In 1904, Baron Édouard Empain came to Egypt with the intention of expanding his commercial empire and to build railway lines in Egypt. By 1906, the Baron hired the architect Ernest Jaspar to help create a unique aesthetic in the suburbs of Heliopolis dubbed the "Heliopolis style." Including aspects of Persian elements to neoclassical European aspects, the newly established city of Heliopolis would become a cultural center of Egypt attracting people from all over the world. Hospitals, restaurants, banks, and stores among other created infrastructure and establishments also contributed to the allure of the newly founded Heliopolis. The Baron also held an exclusive event at his palace to celebrate its completion.

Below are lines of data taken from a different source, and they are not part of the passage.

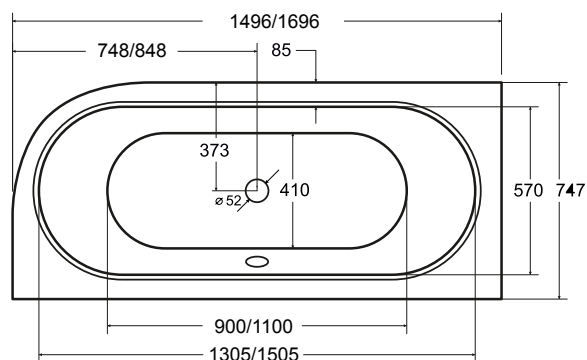

AVITA A-LINE

Asymetrická vana AVITA A-LINE, která je určena pro instalaci do rohu v dvou praktických rozměrech, robustní konstrukce a jemný moderní design. Vana je vyrobena z kvalitního sanitárního akrylátu. Díky tomu má praktickou hmotnost a je dostatečně pevná. Vanu lze umístit ke zdi. Výhodou je snadná instalace, není nutné podezdění ani obklad vany. Součástí vany je také odtokový systém click-clack s přepadem v barvě chrom.

- Sifon click-clack chrom se štěrbínovým přepadem v ceně vany
- Sifon click-clack se štěrbínovým přepadem v bílé, černé, grafitové nebo zlaté barvě za příplatek
- Sifon **s napouštěním přes přepad** v chromu, bílé, černé, nebo zlaté barvě za příplatek

materiál: sanitární akrylát

barva: BLACK & WHITE a bílá/GLAM za příplatek

kód	rozměr/objem	cena Kč/€
VANAVITAL15P/VANAVITAL15L	150 × 75 cm/200 l	33 652 Kč/1 403 €*
VANAVITAL17P/VANAVITAL17L	170 × 75 cm/250 l	35 307 Kč/1 472 €*

- Barva BLACK & WHITE – vnitřek vany bílá barva, venkovní strana černá barva
- Barva GLAM (zlatá 01, stříbrná 02, grafitová 03) – vnitřek vany bílá barva, venkovní strana barva GLAM dle výběru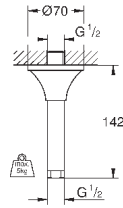

27 978 000

хром

70,80

Rainshower Grandera
Потолочный душевой кронштейн 142 мм
металл
длина 142 мм
резьбовое соединение 1/2"
Grandera розетка
GROHE StarLight хромированная поверхность

27 406 000

хром

38,40

Relexa
Душевой кронштейн 218 мм
резьбовое соединение 1/2"
излив 218 мм
надвижная розетка
GROHE StarLight хромированная поверхность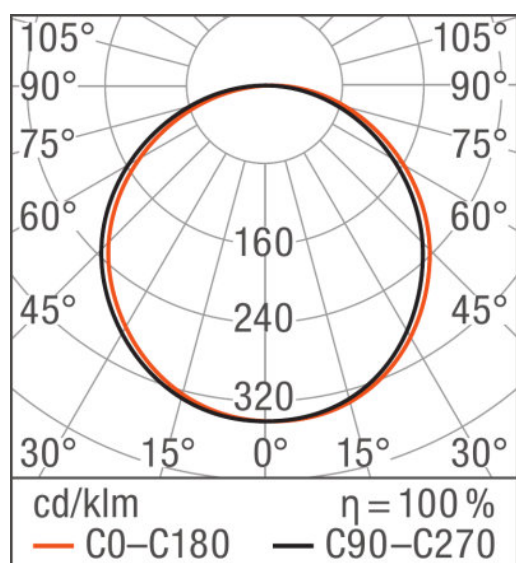

Produktdatenblatt

Umgebungstemperaturbereich	-10...45 °C

Lebensdauer

Lebensdauer	50000 h

Einsatzmöglichkeiten

Dimmbar	Nein
Anschlussart	Klemme, 2-polig

Zertifikate & Standards

Schutzklasse	II
Schutzart	IP20
Normen	CE/CB/TÜV SÜD/EAC/ROHS
Energieeffizienzklasse	A

Lichtverteilung

LVK Polar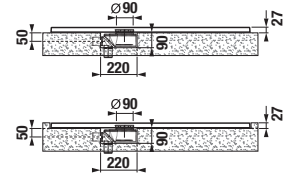

ÜVEGFAL, ZUHANYKABINOK, AJTÓK ÉS ZUHANYTÁLCÁK /

TÉGLALAP ALAKÚ PADANA ZUHANYTÁLCA ÖNTÖTT MÁRVÁNYBÓL

made in UK

ÚJ

Termék száma	Termékleírás	Ár
H214930R100001	téglalap alakú zuhanytálca, 1000 × 800 mm, fehér matt, strukturált textúrával, rozsdamentes acél lefolyófedéllel együtt	81 954 Ft
H214931R100001	téglalap alakú zuhanytálca, 1200 × 800 mm, fehér matt, strukturált textúrával, rozsdamentes acél lefolyófedéllel együtt	99 205 Ft
H214932R100001	téglalap alakú zuhanytálca, 1400 × 800 mm, fehér matt, strukturált textúrával, rozsdamentes acél lefolyófedéllel együtt	107 830 Ft
H214933R100001	téglalap alakú zuhanytálca, 1600 × 800 mm, fehér matt, strukturált textúrával, rozsdamentes acél lefolyófedéllel együtt	133 701 Ft
H214934R100001	téglalap alakú zuhanytálca, 1000 × 900 mm, fehér matt, strukturált textúrával, rozsdamentes acél lefolyófedéllel együtt	90 579 Ft
H214935R100001	téglalap alakú zuhanytálca, 1200 × 900 mm, fehér matt, strukturált textúrával, rozsdamentes acél lefolyófedéllel együtt	107 830 Ft
H214936R100001	téglalap alakú zuhanytálca, 1400 × 900 mm, fehér matt, strukturált textúrával, rozsdamentes acél lefolyófedéllel együtt	125 076 Ft
H214937R100001	téglalap alakú zuhanytálca, 1600 × 900 mm, fehér matt, strukturált textúrával, rozsdamentes acél lefolyófedéllel együtt	150 967 Ft

Külön megrendelni:	Ár
H2951270000001 szifon zuhanytálcákhoz, átm. 90 mm, lefolyófedél nélkül	8 899 Ft

	a kád merete	L	W	D
H214930	1000×800	1000	800	350
H214931	1200×800	1200	800	450
H214932	1400×800	1400	800	450
H214933	1600×800	1600	800	550
H214934	1000×900	1000	900	350
H214935	1200×900	1200	900	450
H214936	1400×900	1400	900	450
H214937	1600×900	1600	900	550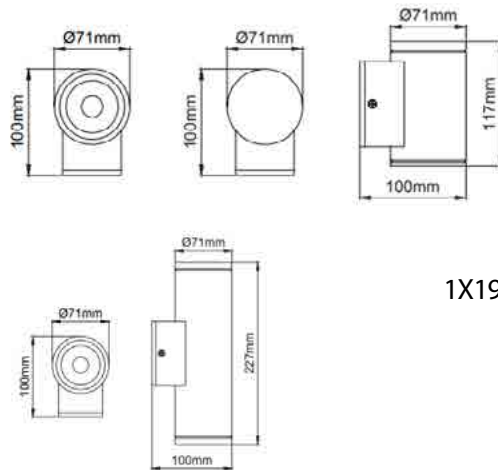

KOALA MINI

גוף תאורה צמוד קיר מוגן מים, זכוכית מחוסמת תוצרת אירופה, מיועד להתקנה בשטחים ציבוריים. ניתן להזמין כ- DOWN בלבד.

עקומה פוטומטרית:

- הספק: 2X14W 1X14W
- נצילות אורית: 1X1918LM/2X1981137LM/W
- מקור האור: LED COB CRI>85
- גוון אור: 2700K/3000K/4000K
- דרייבר: אינטגרלי
- מתח עבודה: 220V
- דרגת אטימות: IP65
- הלם מכני: IK08
- שעות עבודה: 50,000
- מבנה הגוף: יציקת אלומיניום עמידה בפני קורוזיה, כיסוי זכוכית מחוסמת
- זוויות הארה: 20°/36°/50°
- צבע הגוף: שחור/אפור

תקנים:

- CB TEST <
- תקן פוטוביולוגי IEC 62471 <
- EN61547, EN55015, EN610003-2, EN610003-3 EMC <
- התאמת הדרייבר לת"י 61347 חלק 2.13 <
- התאמה לתקן IEC 62031 <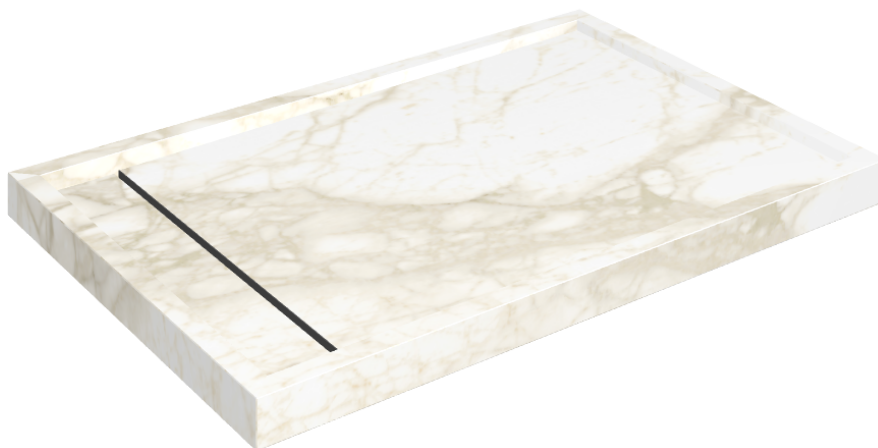

SCHEDA DI CONFIGURAZIONE

Cod. art.: 620820000003

Diamond

Shower Tray 120

Rivestimento del
prodotto

Eternum Carrara Lux

I colori e le altre caratteristiche estetiche delle piastrelle presenti nelle illustrazioni presenti sul sito sono puramente indicativi. Guarda sempre i campioni di persona prima dell'acquisto.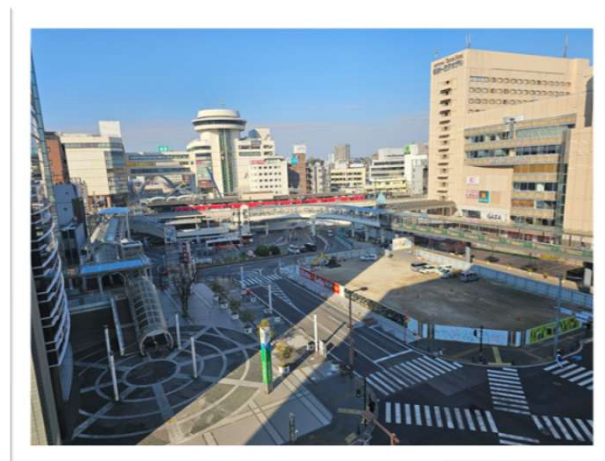

東口定点観測のアーカイブ

変わるまちなか
いいじゃんねえ

令和6年10月撮影

令和7年1月撮影

令和7年4月撮影

東口定点観測のアーカイブ

変わるまちなか
いいじゃんねえ

令和7年7月撮影

令和7年10月撮影

令和7年12月撮影

東口定点観測のアーカイブ

変わるまちなか
いいじゃんねえ

令和8年4月撮影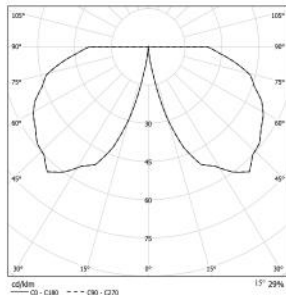

1xG.12-150W HIT

1xG.12-70W HIT

SALIX wooden pole, is an attractive option to standard street or area lighting poles. SALIX can be supplied at various heights and in different finishes. With its steel construction and wooden makes the product strong, resistant and decorative and aluminium luminary complete the pole with elegance.

Armatür Ölçüleri Luminary Dimensions	530*620mm
Toplam Yükseklik Total Height	5m
Gövde Borusu Body Pole	Ahşap - Dikdörtgen Standart (Çift) Wooden Rectangle - Standart (Double)
Gövde / Body	Egzotik Ahşap / Exotic Wood
Yüzey İşlemi Surface Treatment	Dış etkenlere dayanıklı 3 kat vernik uygulanmıştır. 3 layers of varnish resist to external factors is applied.
Taban ve Konsol Base and Bracket	Çelik malzemeden üretilmiştir. Manufactured from Steel
Seperatör Louve	Parlatılmış ve anodize edilmiş yüksek kalite alüminyum Highest grade aluminium, polished and anodised.
Armatür Luminary Part	Alüminyumdan üretilmiştir. Manufactured from Aluminium
Boya Paint	Tüm RAL kodları veya Özel Mimari Efektli boyalar All RAL Codes or Special architectural paints
Difüzör / Diffuser	Plexi Glass
Koruma Sınıfı Protection Class	IP65
Direnç Sınıfı Insulation Class	ClassII
Montaj Detayı Mounting Detail	Ankaraj Sistemi Anchor System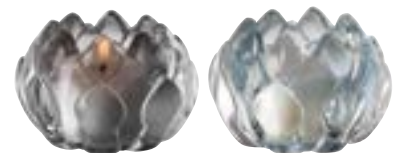

Teelichthalter, Glas, sand, foliert
116107 116108
H9cm, D11cm H13cm, D15cm
15,95€ 32,95€

JONA | FM

Teelichthalter, Glas, dunkelrot, foliert
115330 115331
H9cm, D11cm H13cm, D15cm
15,95€ 32,95€

JONA | FM

Teelichthalter, Glas, dunkelgrün, foliert
115311 115312
H9cm, D11cm H13cm, D15cm
15,95€ 32,95€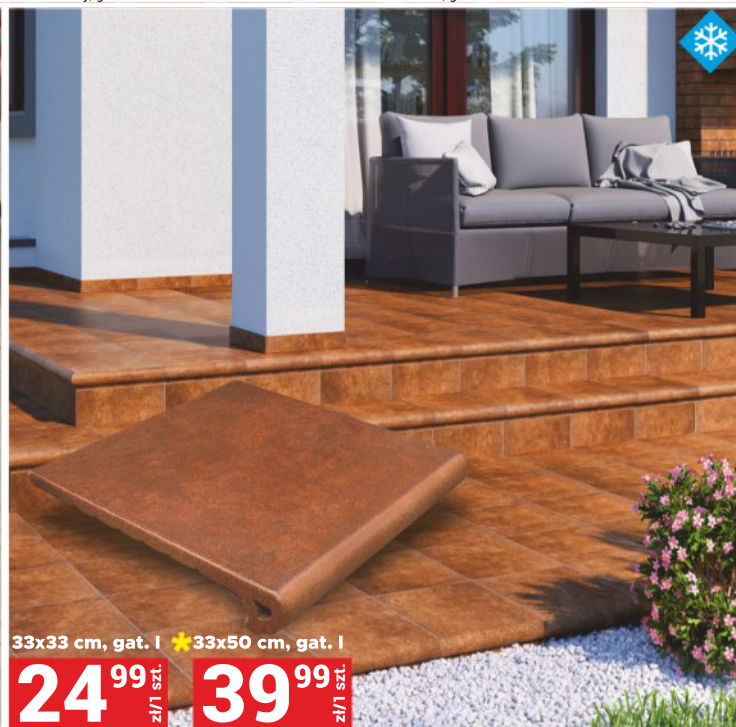

JUŻ OD
39
zł/1 m²

PŁYTKA RANGUN MIEL
45x45 cm, gat. I

POŁYSK

JUŻ OD
49⁹⁹
zł/1 m²

EKSKLUZYWNE PŁYTKI GRESOWE
60x60 cm, PEI4, gat. I

REKTYFIKOWANA
POLEROWANA

33x33 cm, gat. I * 33x50 cm, gat. I

JUŻ OD
24⁹⁹
zł/1 szt.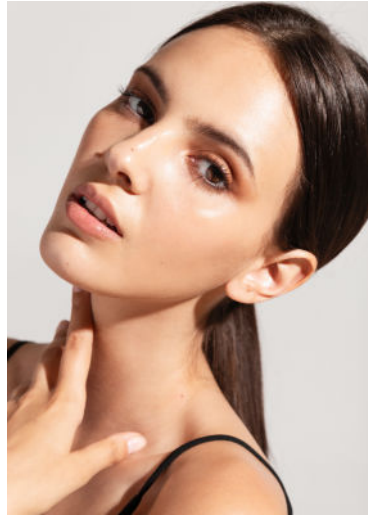

elite  
C H I L E

Cata Blanco

Height : 5'11" / 180 cm | Waist : 24.5" / 62 cm | Hips : 35.5" / 90 cm | Shoe : 39.0 EU / 6.0 UK | Hair Colour : Brown | Eyes : Brown  
Magdalena 140 Of. 201, Las Condes 7550104, Región Metropolitana Santiago – CHILE T: +562 22456570 E: elite@elitechile.cl

## Cata Blanco

Height : 5'11" / 180 cm | Waist : 24.5" / 62 cm | Hips : 35.5" / 90 cm | Shoe : 39.0 EU / 6.0 UK | Hair Colour : Brown | Eyes : Brown  
Magdalena 140 Of. 201, Las Condes 7550104, Región Metropolitana Santiago – CHILE T: +562 22456570 E: elite@elitechile.cl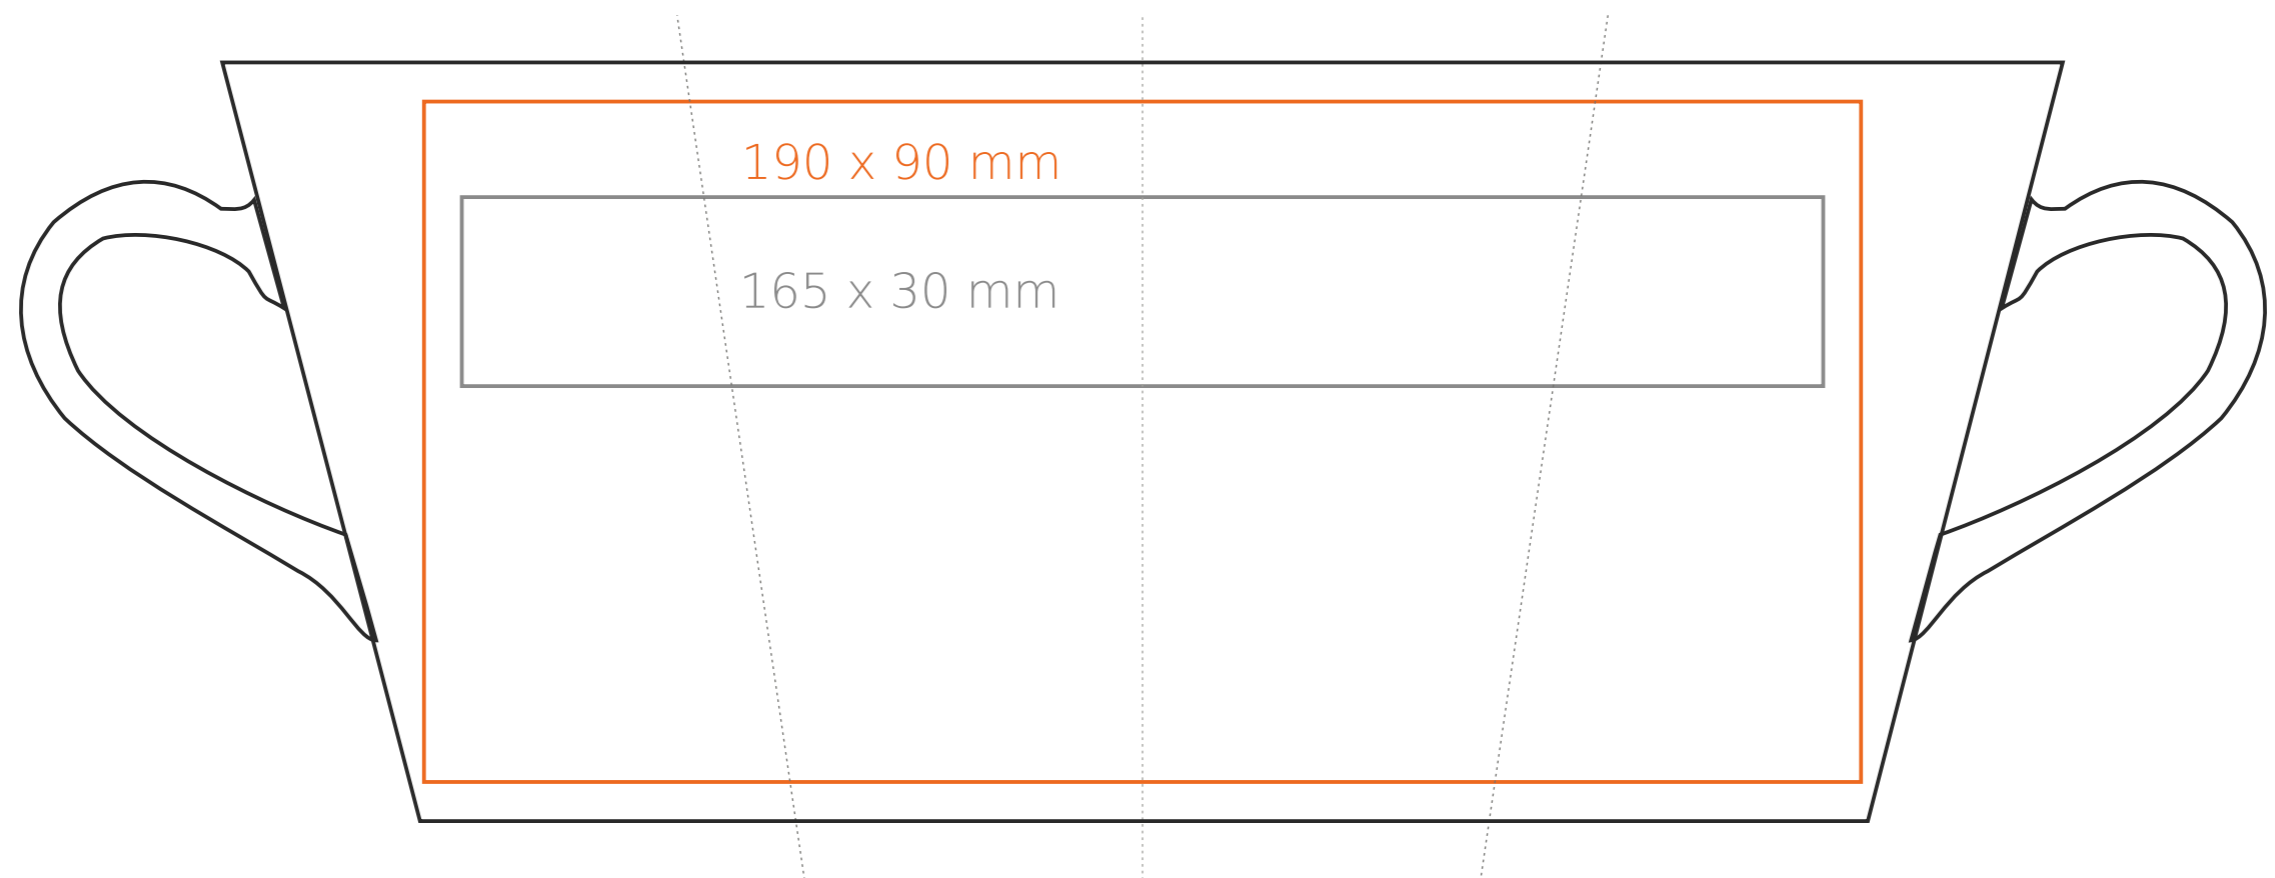

M/112 Iza

280 ml / h: 100 mm / Ø 82 mm

Nadruk na uchu	- 50 x 8 mm
Nadruk wewnątrz na ściance	- 50 x 20 mm
Nadruk wewnątrz na dnie	- Ø 30 mm
Nadruk od spodu	- Ø 40 mm

*W przypadku projektów dla kalkomanii wybiegających poza standardową powierzchnię nadruku prosimy o kontakt z działem handlowym.

The Hindu-temple-styled building housed Baron Empain as well as his wife, two sons, and an alleged daughter. According to widely spread rumors, the Baron's daughter is said to have suffered from some kind of medical or mental condition that required her to be hidden from the outside world, as these qualities in a child were greatly frowned upon. Other legends surrounding the family imply that either the daughter or the Baron's wife committed suicide inside the palace, which would later contribute to the belief that the Hindu Palace was haunted and inspire the ghost tourism being labeled a national monument.

===Later history===
After the Baron's death in 1929 and the 1952 coup that took place in Egypt, the palace was left abandoned. Decades later, in the 1990s, there was social revolution against many conservative values of Islam and young people began to trespass and vandalize the palace. They were mostly doing drugs and throwing parties in a counter culture; however, the conservative backlash would insist these young adults were practicing Satanism based on previous rumors of the past and a prejudice against nontraditional values.

The palace was acquired by the Egyptian government in 2005 on the occasion of the centenary of Heliopolis and it was classified as a "historical monument" by the Supreme Council of Egyptian Antiquities in March 2007. In 2012, an agreement was signed with the Belgian government to jointly restore the building and turn it into an international art and cultural center. According to Egyptian Minister of Antiquities, Khaled al-Anany, preparations for the first phase of the building's renovation began at the end of November 2016.

==Architecture==
The palace was designed by Alexandre Marcel, a French architect and a member of the French Institute. The palace's interior was constructed and decorated by Georges-Louis Claude. Inspired mostly by Angkor Wat in Cambodia and by the Hindu temples of Orissa in East India, it was built between 1907 and 1911, in reinforced concrete, which was considered a symbol of luxury and status at the time. The building is impressive with the richness of its ornamentation, which includes monkeys, elephants, lions and snakes, as well as statues of Buddha, Shiva, Krishna and other Hindu deities.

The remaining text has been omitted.